[Records from a dataset]
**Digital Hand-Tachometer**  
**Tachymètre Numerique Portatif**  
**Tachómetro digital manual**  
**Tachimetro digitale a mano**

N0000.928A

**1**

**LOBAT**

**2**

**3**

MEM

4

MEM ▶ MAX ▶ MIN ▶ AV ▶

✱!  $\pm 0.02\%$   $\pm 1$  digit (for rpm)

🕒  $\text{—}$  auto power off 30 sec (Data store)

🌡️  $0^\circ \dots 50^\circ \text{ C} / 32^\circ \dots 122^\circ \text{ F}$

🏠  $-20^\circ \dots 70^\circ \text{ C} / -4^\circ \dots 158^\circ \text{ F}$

--

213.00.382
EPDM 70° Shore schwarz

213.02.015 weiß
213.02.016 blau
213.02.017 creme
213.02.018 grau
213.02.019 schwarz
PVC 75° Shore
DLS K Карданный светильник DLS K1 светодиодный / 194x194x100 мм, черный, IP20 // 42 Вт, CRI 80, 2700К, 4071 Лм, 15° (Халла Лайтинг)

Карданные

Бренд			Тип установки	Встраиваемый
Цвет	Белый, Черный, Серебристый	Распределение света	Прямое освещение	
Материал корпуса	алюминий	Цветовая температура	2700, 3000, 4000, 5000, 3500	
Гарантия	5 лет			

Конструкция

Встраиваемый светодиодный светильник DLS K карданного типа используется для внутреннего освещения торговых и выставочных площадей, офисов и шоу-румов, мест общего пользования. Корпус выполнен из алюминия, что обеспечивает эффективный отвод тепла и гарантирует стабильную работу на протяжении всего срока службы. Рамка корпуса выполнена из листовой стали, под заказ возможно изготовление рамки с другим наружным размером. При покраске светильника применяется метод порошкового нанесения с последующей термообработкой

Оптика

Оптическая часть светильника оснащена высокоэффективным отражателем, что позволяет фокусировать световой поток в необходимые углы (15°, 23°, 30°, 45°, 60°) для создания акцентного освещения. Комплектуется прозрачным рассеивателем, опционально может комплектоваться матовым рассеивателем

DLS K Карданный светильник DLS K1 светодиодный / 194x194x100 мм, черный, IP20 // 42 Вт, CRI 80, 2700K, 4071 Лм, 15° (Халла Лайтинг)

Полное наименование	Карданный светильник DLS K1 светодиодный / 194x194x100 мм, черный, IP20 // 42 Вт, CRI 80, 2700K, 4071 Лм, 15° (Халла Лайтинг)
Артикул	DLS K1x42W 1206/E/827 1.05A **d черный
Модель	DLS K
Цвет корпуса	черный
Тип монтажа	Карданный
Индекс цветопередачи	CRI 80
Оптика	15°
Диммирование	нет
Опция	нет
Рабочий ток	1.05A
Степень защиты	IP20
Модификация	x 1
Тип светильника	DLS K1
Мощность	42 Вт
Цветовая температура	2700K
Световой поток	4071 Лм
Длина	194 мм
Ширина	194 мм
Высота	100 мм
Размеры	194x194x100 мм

WORK ITEM. Look through the entries above, find each line containing "schwarz", and copy it.

YOUR SOLUTION.
EPDM 70° Shore schwarz
213.02.019 schwarz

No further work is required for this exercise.